After the death of the King, who made provision for her through Sir Ernest Cassel, Mrs Keppel bought a villa in Tuscany, where Sir Harold Acton remembers her enormous charm and her still fine figure. ‘One of the secrets of her success,’ Sir Harold says, ‘was that she could be amusing without malice; she never repeated a cruel witticism. Above all, she was not snobbish.’ Her husband, ‘well matched as to height’, looked ‘every inch a colonel’. ‘I remember how shocked he was to find my mother reading a book about Oscar Wilde,’ Sir Harold writes. ‘ “A frightful bounder. It made me puke to look at him,” he muttered. … To a certain extent the Colonel shared his wife’s aura.
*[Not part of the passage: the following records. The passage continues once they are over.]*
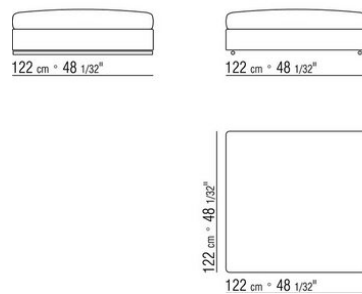

COD. 011M23

COD. 011MB1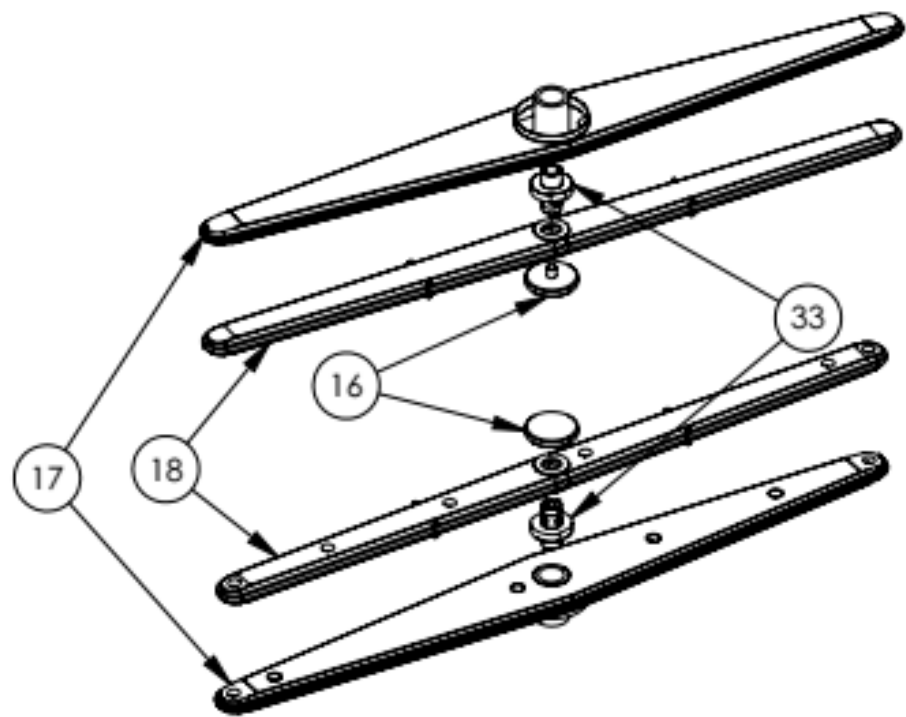

stalgast
ekspert gastronomiczny

RYSUNEK ZŁOŻENIOWY

V1.0 10-2016r

Zmywarka uniwersalna 400/230V

MODEL: 801506

LP.	Numer katalogowy	Nazwa części
1	V801506-01	Bojler 4,5kW
2	V801506-02	Podkładka dystansowa
3	V801506-03	Ściana tylna
4	V801506-04	Stycznik (NC1-12 5,5 kW 12A)
5	V801506-05	Skrzynka zaciskowa KADO K1/6
6	V801506-06	Tuleja trzpienia dolnego
7	V801506-07	Dystans wirnika dolny
8	V801506-08	Stopka płytki
9	V801506-09	Elektrozawór
10	V801506-10	Opaska zaciskowa 25-40
11	V801506-11	Opaska zaciskowa 40-60
12	V801506-12	Podstawa ramienia
13	V801506-13	Filtr odpływu wody
14	V801506-14	Docisk uszczelki
15	V801506-15	Nakrętka plastikowa M16
16	V801506-16	Nakrętka wirnika
17	V801506-17	Ramię myjące
18	V801506-18	Ramię płuczące
19	V801506-19	Uszczelka odpływu
20	V801506-20	Uszczelka obudowy presostatu
21	V801506-21	Uszczelka wirnika
22	V801506-22	Włącznik zasilania
23	V801506-23	Izolacja płytki elektroniki
24	V801506-24	Przewodnik
25	V801506-25	Wąż przyłączeniowy pompę wody zmywarki
26	V801506-26	Wąż pomiędzy pompą a wirnikiem
27	V801506-27	Pokrętło termostatu
28	V801506-28	Sprężyna
29	V801506-29	Kostka przyłączeniowa
30	V801506-30	Kostka przyłączeniowa
31	V801506-31	Piasta wody do rzutnika górnego

A guide once pointed him out to a group of inquisitive tourists as “l’ultimo amante della regina Victoria”.’
12
‘Inconvenient’ Friends and ‘Ill-bred’ Children
It is the greatest bane in one’s life saying good-bye, especially to one’s children, relations and friends.
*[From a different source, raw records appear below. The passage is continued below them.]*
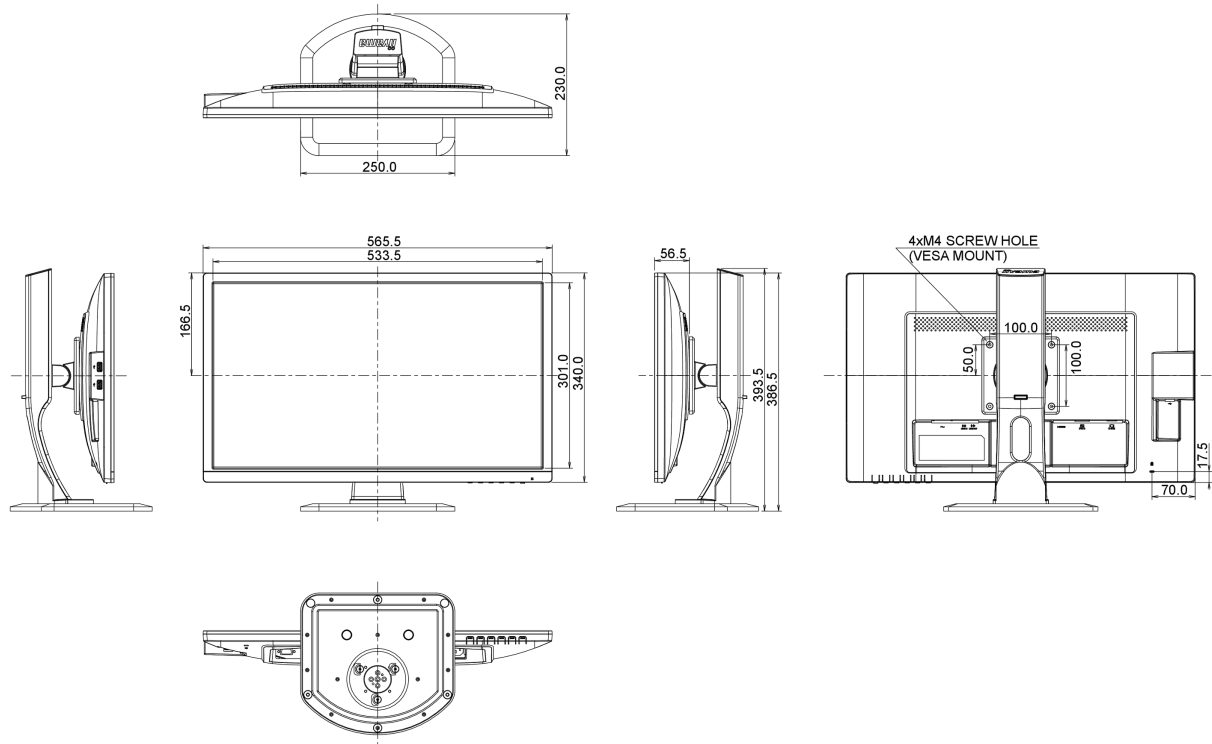

## 08 AFMETINGEN / GEWICHT

Product afmetingen B x H x D

565.5 x 386.5 (516.5) x 230mm

Gewicht (zonder doos)

5.1kg

Alle handelsmerken zijn geregistreerd. Gegevens onder voorbehoud van zetfouten. Specificaties kunnen vooraf en zonder opgave van reden gewijzigd worden. Alle LCD-panels vallen onder ISO-9241-307:2008 inzake pixelfouten.

‘If you ever become King,’ the Queen had warned the Prince of Wales in 1868, ‘you will find all these friends most inconvenient, and you will have to break with them all.’ He had long since become used to such criticisms and had grown tired of rebutting the allegation that almost all his friends were the ‘fashionable bad set and betting people’. It could not be denied, though, that a good many of them were. There was, for instance, a certain handsome young man who called himself Count Miecislas Jaraczewski, whose scarcely pronounceable surname was translated into English by his cronies at the Turf Club as ‘Sherry and Whiskers’. Jaraczewski had been admitted to the Marlborough Club by the Prince, who entertained him frequently at Sandringham and was often to be seen with him in Paris where the police described Jaraczewski as the Prince’s ‘faithful and inseparable friend and one who, incidentally, never had a good reputation for honesty as a gambler’. The Queen must have been distressed to learn that this young friend of her son, after giving a splendid supper party one evening at the Turf Club, had returned home to take a lethal dose of prussic acid rather than face arrest and ruin.